=== Problem statement ===
Reproduce the records exactly, but not the pictures.
==== Entries supplied ====
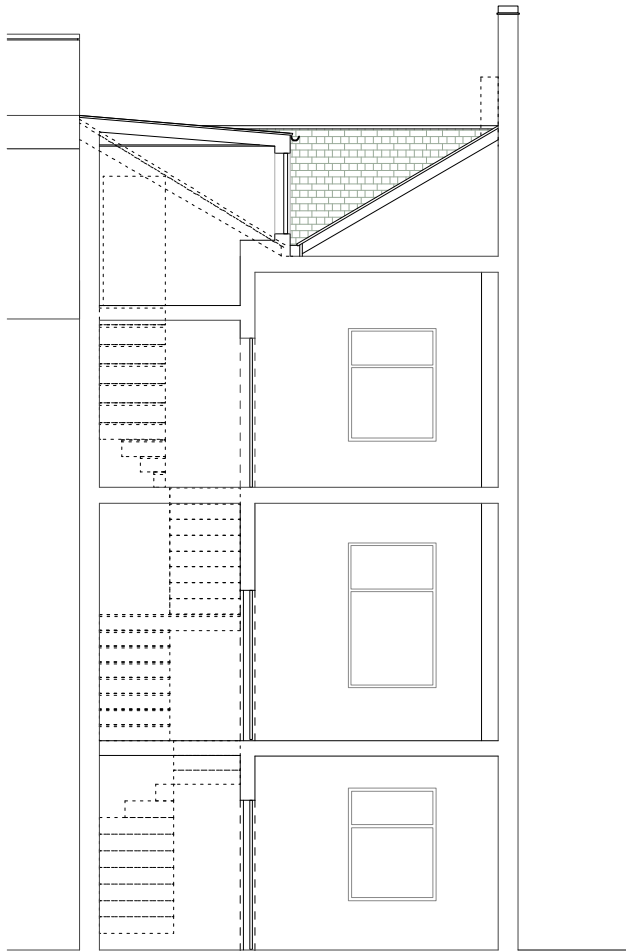

Section AA

Niveda Realty

Address: Berkeley Square House,
Berkeley Square, Mayfair, London,
W1J 6BD, UK

Tel: 0207 887 6274
E-mail: realty@niveda.com
Website: www.niveda.com

Project:		LYME TERRACE	REVISION	DATE	Note:
existing section aa					
Drawing No:		EX05			
Scale:	Drawn				
1:100	SURI				

Section BB

Section BB

Front Elevation

Section BB

Niveda Realty

Address: Berkeley Square House,
Berkeley Square, Mayfair, London,
W1J 6BD, UK

Tel: 0207 887 6274
E-mail: realty@niveda.com
Website: www.niveda.com

Project:		REVISION	DATE	Note:
LYME TERRACE				
existing Section and Elevation				
Drawing No:				
EX06				
Scale:	Drawn			
1:100	SURI
====
=== Exercise output ===
Section AA

Niveda Realty

Address: Berkeley Square House,
Berkeley Square, Mayfair, London,
W1J 6BD, UK

Tel: 0207 887 6274
E-mail: realty@niveda.com
Website: www.niveda.com

Project:		LYME TERRACE	REVISION	DATE	Note:
existing section aa					
Drawing No:		EX05			
Scale:	Drawn				
1:100	SURI				

Section BB

Section BB

Front Elevation

Section BB

Niveda Realty

Address: Berkeley Square House,
Berkeley Square, Mayfair, London,
W1J 6BD, UK

Tel: 0207 887 6274
E-mail: realty@niveda.com
Website: www.niveda.com

Project:		REVISION	DATE	Note:
LYME TERRACE				
existing Section and Elevation				
Drawing No:				
EX06				
Scale:	Drawn			
1:100	SURI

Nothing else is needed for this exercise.